Like a lot of Thompson's work, it has the faint feel of being made up as she went along. Specifically, we are given a lot of details about Ozamaland early on that aren't really relevant to anything. It's on a continent called Tarara, sharing it with another country called Amaland; the people of Ozamaland wear white and are divided between the nobles who live in the White City and the "natives" who live in the jungles and deserts, while the people of Amaland wear gray. None of this matters in the end. One wonders if Thompson was setting up stuff she could use at the novel's end if the Crescent Moon made it to Ozamaland with fifty pages left to fill up, but then the Crescent Moon made it there with only twenty pages to fill up. I'd like to read a sequel that delved into all this a bit more—and why, as has tantalized me ever since I was a child, the name of the country has "Oz" in it. It seems to me there are some stories there. (There is a four-book fan series called The Royal Explorers of Oz that follows up on elements of this book, but I don't know if it explores what I am interested. Alas, at over $40 it's a bit of a plunge to take on the work of unknown-to-me authors.)
My son and I didn't move as quickly through this as our last couple, but he did seem pretty into it, especially the descriptions of many of the strange and unusual animals they encountered. When I asked him if he liked it, he said he liked all of the parts. (Unlike some other Oz books, there's not really any extended sequence of "bad things" happening to our protagonists, which is always what he complains about.) It was a good one to read aloud, though the early sections gave my throat quite a workout having to do a pirate voice, a pompous monarch voice, and a bird voice! I was very grateful when Tandy showed up.
(Many pedants like to point out that this book, despite the title, has no scenes set in Oz... but that's not true, because every island that the Crescent Moon visits is absorbed into Oz. Captain Salt is in Oz all the time!)
* * *
This book marks two years of reading Oz aloud to my son, who was not quite three when we started and is now not quite five. (I am writing this ten days before its posting date, which is a day before his birthday.) In the first year, we read an astounding twenty-three Oz books; this year we read sixteen more, which is not quite as fast but still pretty respectable. This covered books five through sixteen of Ruth Plumly Thompson's nineteen-book run, plus a four of Baum's "borderlands" books. All the Thompsons have essentially been new to me, so unlike the first year of this project, which was largely nostalgic, this has been one of discovery. I don't always like her choices, but almost all of them have been worth reading. The few borderlands books we did have been fun to revisit through a child's eyes; I have more appreciation of, say, Dot and Tot of Merryland and Queen Zixi of Ix now (though less for The Master Key and The Enchanted Island of Yew).

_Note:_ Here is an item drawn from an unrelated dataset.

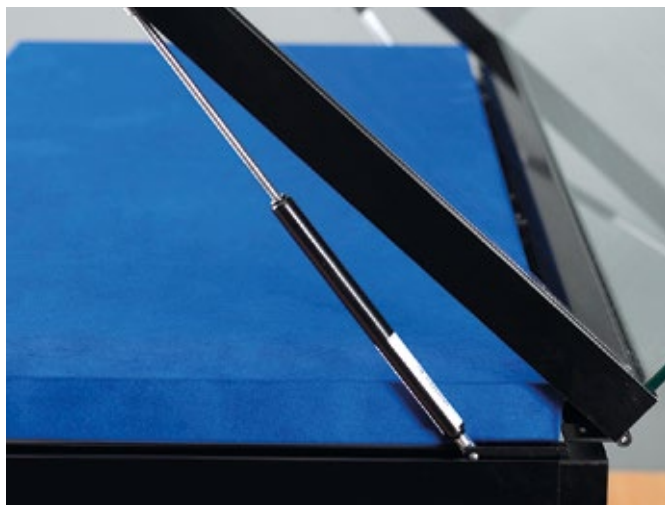

GESTOFFEERDE BODEMPLAAT

Though his interest ebbs and flows in its precise intensity, he seems as in to them as ever, and we have maintained a fairly consistent pace of late. The other day, he spent a morning drawing me a bunch of strange creatures that he said were from Oz, and indeed, they seemed pretty Ozzy.
It's funny; at this point his reading of the early books was so long ago he scarcely remembers them. Around the time we read Kabumpo in Oz, he told me that Dorothy, Ozma, Trot, and Betsy were his favorite characters; a month ago he did not remember who Trot and Betsy were! Once we get to the end we can go back to the beginning and it will all be new to him. I am looking forward to getting out of the Thompsons soon and discovering other flavors of post-Baum Oz, but I also know a lot of those books are more interested in the specific details of Baum which my son has totally forgotten!